Two lines in the data below mark the range: the one with "5. Anna & Jagetsberger (260 m)" and the one with "9. Gasthaus Alex (350 m)". Return both, along with every line between them, exactly.
Supplied material: Begin
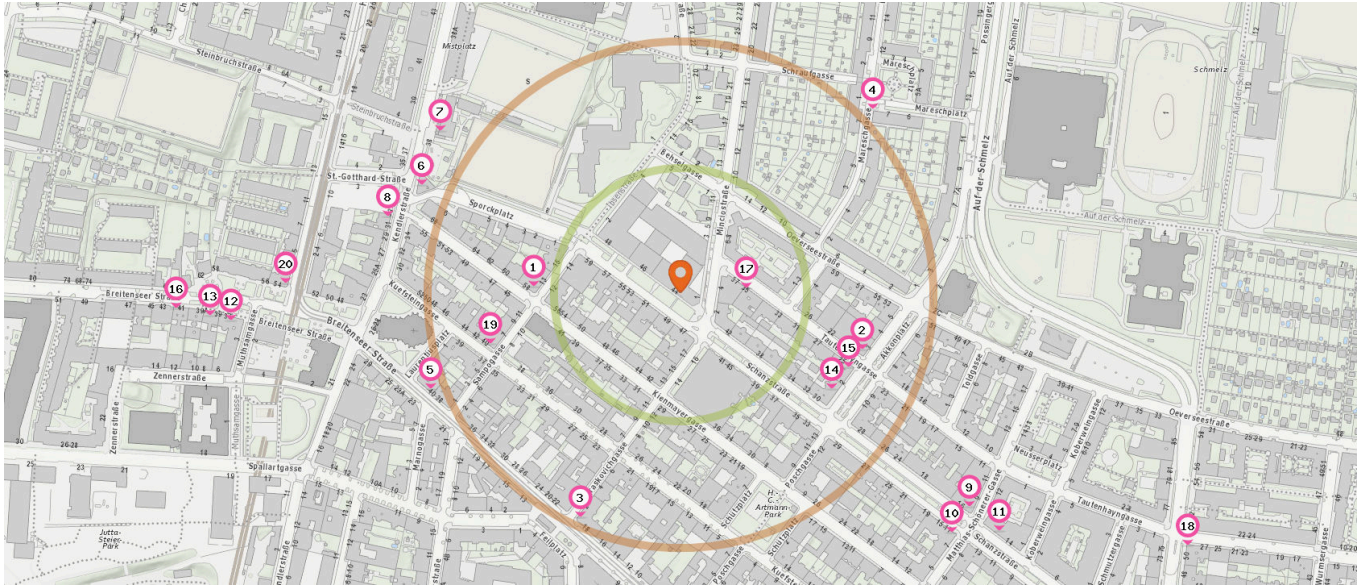

Entspricht einer Gehzeit von ca. 2 Minuten

Entspricht einer Gehzeit von ca. 4 Minuten

Restaurant

Anzahl im Umkreis: 13

1. La Sicilia (140 m)
Kienmayergasse 58, 1140 Wien
2. Gasthaus Vici am Akkonplatz (190 m)
Akkonplatz 3, 1150 Wien
3. Zum Breitenseer (240 m)
Draskovichgasse 2, 1140 Wien
4. Gasthaus am Platzl (260 m)
Mareschgasse 7, 1150 Wien
5. Anna & Jagetsberger (260 m)
Breitenseer Straße 40, 1140 Wien
6. Zur alten Schmiede (280 m)
Sporckplatz 5, 1140 Wien
7. Freizeitoase (290 m)
Kendlerstraße 38, 1160 Wien

8. Bierwaage (300 m)
Kendlerstraße 31, 1140 Wien
9. Gasthaus Alex (350 m)
Schanzstraße 16, 1150 Wien
10. San (360 m)
Schanzstraße 15-17, 1140 Wien
11. Herzig (390 m)
Schanzstraße 14, 1140 Wien
12. Golden Panda (440 m)
Breitenseer Straße 37, 1140 Wien
13. Bebop (470 m)
Breitenseer Straße 39, 1140 Wien

Entspricht einer Gehzeit von ca. 2 Minuten Entspricht einer Gehzeit von ca. 4 Minuten

Anzahl im Umkreis: 1

- 17. Harry Pizza (70 m)
Tautenhayngasse 35, 1150 Wien

Anzahl im Umkreis: 2

- 19. Megiddo (190 m)
Ullmannstraße 12, 1150 Wien
- 20. Biergartl (390 m)
Breitenseer Straße 54, 1140 Wien

Anzahl im Umkreis: 1

- 18. Hashtag 15 (560 m)
Johnstraße 50, 1150 Wien

Gesundheit

Pro Kategorie werden maximal 25 Einträge angezeigt.

 Entspricht einer Gehzeit von ca. 2 Minuten

 Entspricht einer Gehzeit von ca. 4 Minuten
Supplied material: End
* Answer to the problem
5. Anna & Jagetsberger (260 m)
Breitenseer Straße 40, 1140 Wien
6. Zur alten Schmiede (280 m)
Sporckplatz 5, 1140 Wien
7. Freizeitoase (290 m)
Kendlerstraße 38, 1160 Wien

8. Bierwaage (300 m)
Kendlerstraße 31, 1140 Wien
9. Gasthaus Alex (350 m)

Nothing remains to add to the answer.